Most people with milder forms of CP can look forward to living long and relatively normal lives. While their life may be one with more doctor’s office visits and therapy sessions than most others, their overall life expectancy should not be lessened with a mild form of CP.

However, severe forms of CP coupled with mismanagement of the condition and other conditions stemming from CP can shorten life expectancy.

Some conditions that can contribute to shortening the lifespan for someone with CP include:

  • Seizure activity
  • Mental problems that hinder decision making and comprehension
  • Severity of feeding complications

How is cerebral palsy treated?

Keep in mind that there is no cure for CP. However, treatment can go a long way in improving the lifestyle of those with the condition. Essentially, the overall goal is for the treatment to focus on ways to either maintain or improve their quality of life as much as possible and to maximize their level of daily life independence.

Once a diagnosis has been made, the patient and his/her family should be provided by health professionals with a plan of action for not only living with the condition but for reaching his/her full potential.

Beyond the treatment for physical needs, social and emotional aspects of life should also be taken into consideration when putting together a plan of action.

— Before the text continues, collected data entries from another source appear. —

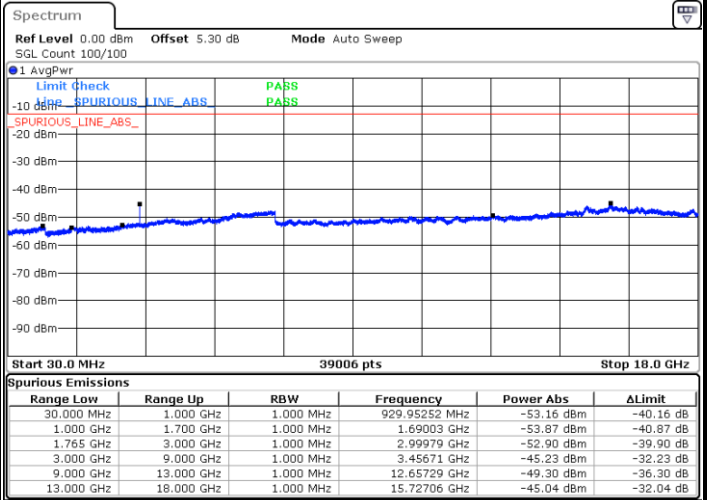

Lowest Channel / 16QAM

Date: 28.OCT.2018 09:10:37

Date: 28.OCT.2018 09:11:31

Middle Channel / QPSK

Middle Channel / 16QAM

Date: 28.OCT.2018 09:13:06

Date: 28.OCT.2018 09:14:01

LTE Band 4 / 5MHz

Highest Channel / QPSK

Date: 28.OCT.2018 09:20:05

Highest Channel / 16QAM

Date: 28.OCT.2018 09:21:00

LTE Band 4 / 10MHz

Lowest Channel / QPSK

Date: 28.OCT.2018 09:27:05

Lowest Channel / 16QAM

Date: 28.OCT.2018 09:27:59

LTE Band 4 / 10MHz

Middle Channel / QPSK

Middle Channel / 16QAM

Date: 28.OCT.2018 09:29:34

Date: 28.OCT.2018 09:30:29

Highest Channel / QPSK

Highest Channel / 16QAM
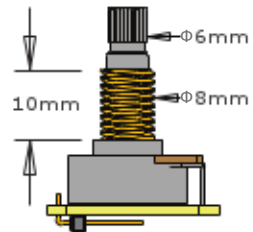

1 VOLUME CONTROL (25K)
1 TONE CONTROL (25K)

ADJUSTMENT
SCREWS & SPRINGS
(2 PAIR)

STEREO OUTPUT
JACK

PICKUP CABLE 15" (38cm)

PICKUP CABLE 15" (38cm)

4 CONNECT CABLES 5.5" (14cm)

OUTPUT CABLE 6" (15cm)

BATTERY CABLE 7" (18cm)
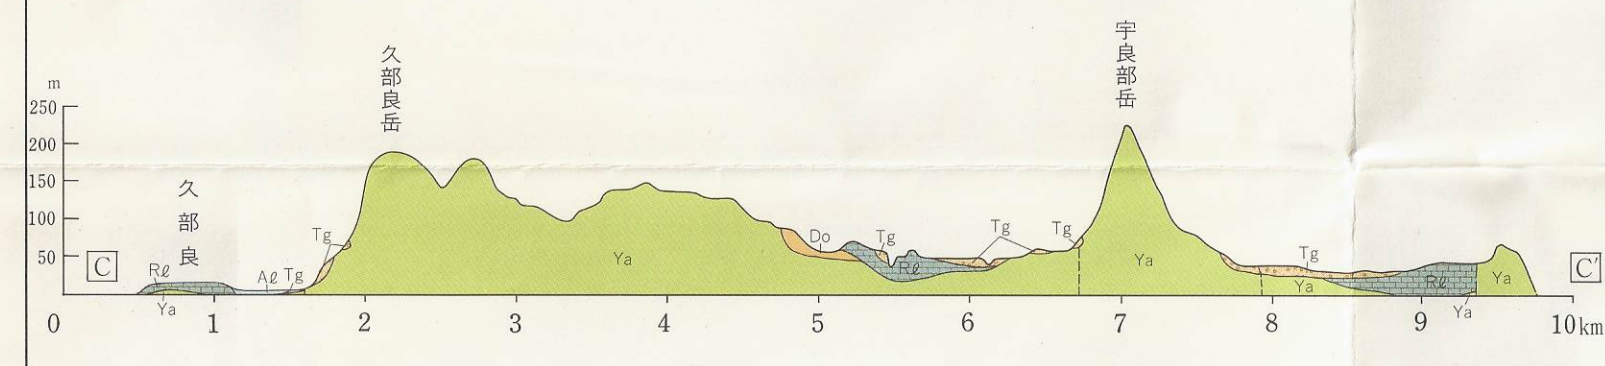

表層地質図 Subsurface Geological Map  
西表 IRIOMOTE DISTRICT

与那国島

与那国島

仲ノ神島

西表島

西表島

西表島

位置図

凡例

Table of geological units and their descriptions. Includes units like Rn (Andesite tuff), Aa (Pliocene), Da (Quaternary), etc., with detailed descriptions of their composition and distribution.

波照間島

昭和六十二年三月発行  
地質院
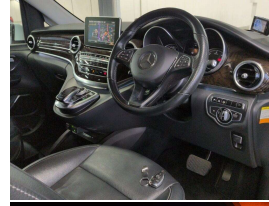

2015 Mercedes-Benz V 220 d Avantgarde Long

VEHICLE INFORMATION

Cash Price

Includes GST,
Registration &
Licensing

$49,995

Finance this vehicle
from only

$184.32

per week*

Total Amount Payable

$62,920.71
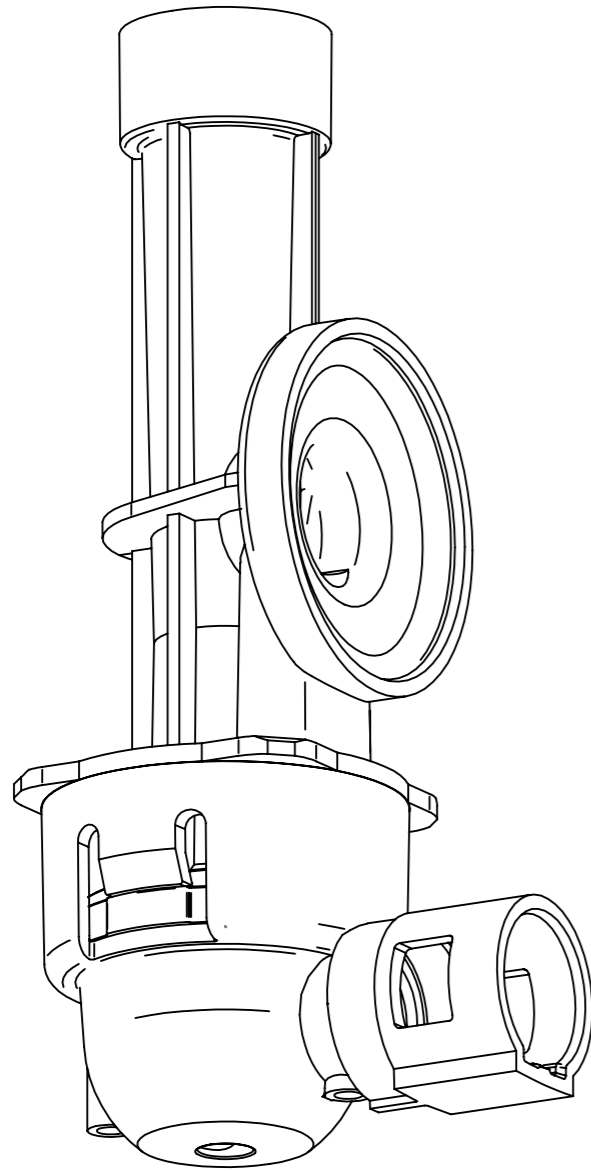

20-06-2024

SparePartbook ELEMENT 2

8300 Element 2

PARTS LIST			
ITEM	PART #	DESCRIPTION	REMARK
1		Top plate & Agitation plate	Page 8335
2	1820984-SP	Top,Cover,E2	
3		Canisters	Page 8310
4	1820957-SP	Wrap,E2	
5		Base parts	Page 8301
6	1820973-SP	Canshelf,Element	
7	1817218-SP	cable,USB-Bm,USB-Am	

8313 Canister 2.3L, Inner

PARTS LIST			
ITEM	PART #	DESCRIPTION	REMARK
1	1818807-SP	Rod agitation(set 4pcs)	
2	1818813-SP	Agitator 2.3L(set 4pcs)	
3	1818815-SP	Cover agitator(set 16pcs)	
4	1818808-SP	Canister lid 2.3L(set 4pcs)	
5		Pump mechanics	Page 8315

8315 Pump mechanics

1

2

ITEM	DESCRIPTION	T20	T25	T30	REMARK
1	Valve,Lever With O-Ring	1820555-SP			
2	Piston assy (T..) (set 4pcs) With Tube	1821282-SP	1821283-SP	1821284-SP	

8320 Turntable

PARTS LIST			
ITEM	PART #	DESCRIPTION	REMARK
1		Agitation,plate,xx-xx-xx	Page 8335
2	1820869-SP	Agitation,crank (2 pcs)	
3	1816579-SP	Agitation plate supp,set(3pcs)	
4	1819210-SP	Bearing Agitation (100 Sets)	

8321 Turntable baseplate

PARTS LIST			
ITEM	PART #	DESCRIPTION	REMARK
1	1862422-SP	Wheel,traversing,centric,35mm	
2	1819762-SP	Wheel Transversing With Wheel Cup	
3	1818917-SP	Motor,agitation	

8330 XDM 1821281-SP
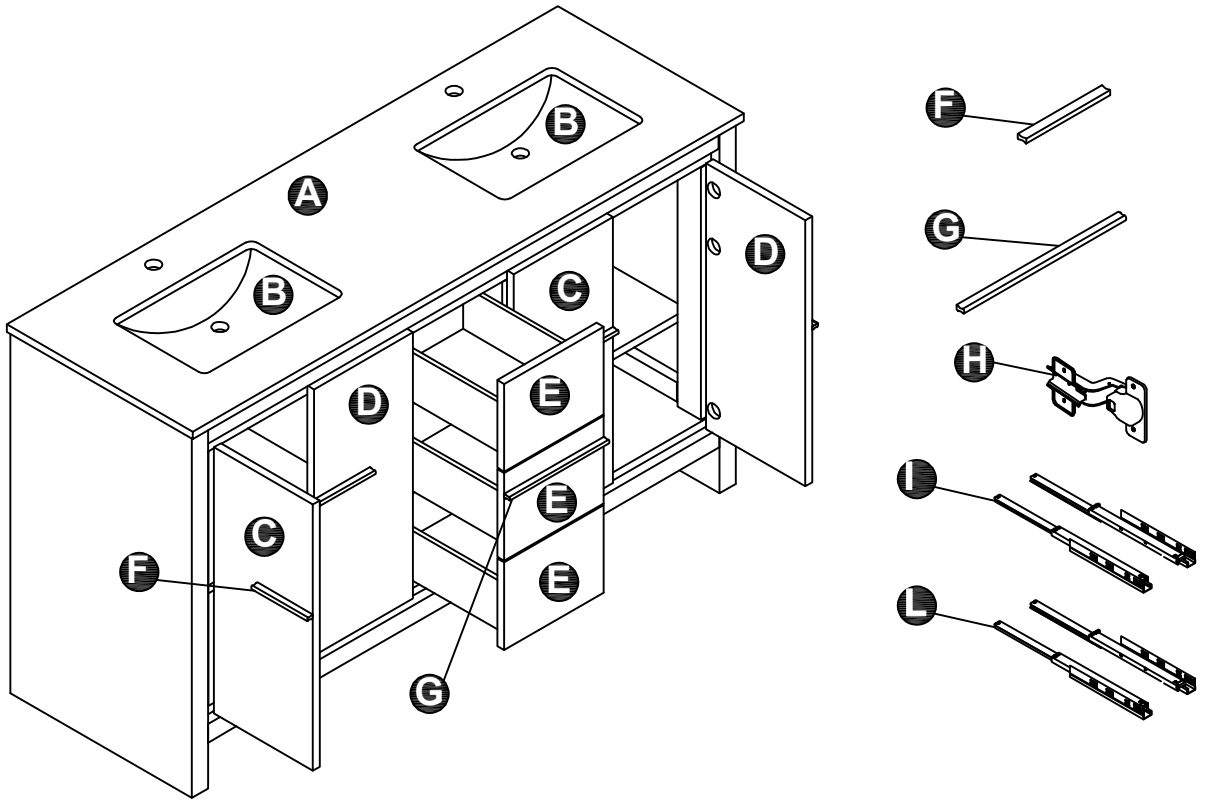

LEXORA®

HOME DECOR & HOME FURNISHINGS

LLF80DKSOD000

DIMENSIONS

PART LIST

PART	DESCRIPTIONS	QUANTITY
A	Countertop	1
B	Basin	2
C	Door Left	2
D	Door Right	2
E	Drawer	3

PART	DESCRIPTIONS	QUANTITY
F	Handle	4
G	Handle	1
H	Hingle	12
I	Drawer glides (Midd)	1
L	Drawer glides (Push)	2

TOOLS REQUIRED (NOT INCLUDED)

INSTALLATION

A **B**

C

24!

DRAWER

A

1 Push Open / Close Drawer

The level of care and treatment is often vast and requires a team working together to provide long-term care. The team may be comprised of:

  • Physical therapist – improve overall strength of muscles and walking skills
  • Mental health specialist – either a psychologist or psychiatrist who can help patient and family cope with CP
  • Occupational therapist – helps patient develop skills for daily life and learn how to incorporate and use adaptive products (electric wheelchair, quadrupedal cane, etc.) that can help with daily activities
  • Special education teacher – can help with addressing learning disabilities and identifying available educational resources
  • Speech therapist – assists with improving patient’s ability to communicate clearly, either through speech, sign language, computerized voice synthesizer or other methods
  • Developmental therapist – assist with development of social and interpersonal skills

In some cases, severe contractions or distortions may lead to surgical procedures to place limbs (arms, legs, hips) into their correct positions. Surgery may also be needed to help lengthen muscles and tendons.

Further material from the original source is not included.